*WHAT YOU WILL DO*
Reproduce nothing but the lines from the one with "Report No.: B19W50622-WWAN_Rev2" down to the last line of the data below.

Stored items from a collection
◇ ◇ ◇ ◇ ◇

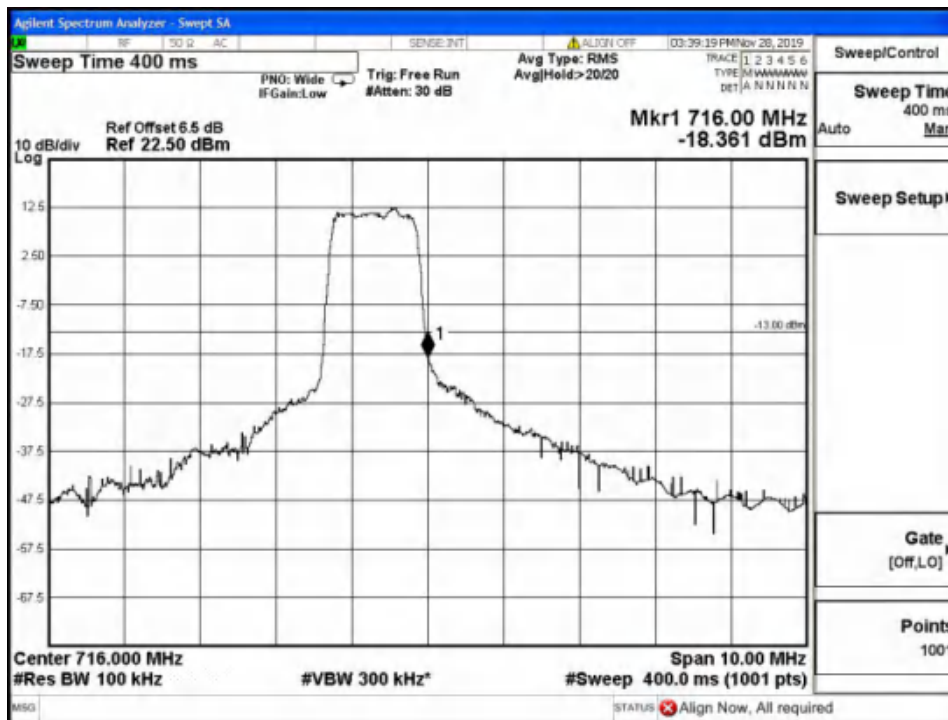

5.5.10 CAT-M Band12 Edge Results

High Channel-1.4MHz Bandwidth-1RB-16QAM

High Channel-1.4MHz Bandwidth-1RB-QPSK

Report No.: B19W50622-WWAN_Rev2

High Channel-1.4MHz Bandwidth-6RB-16QAM

High Channel-1.4MHz Bandwidth-6RB-QPSK

◇ ◇ ◇ ◇ ◇

*ANSWER TO THIS PROBLEM*
Report No.: B19W50622-WWAN_Rev2

High Channel-1.4MHz Bandwidth-6RB-16QAM

High Channel-1.4MHz Bandwidth-6RB-QPSK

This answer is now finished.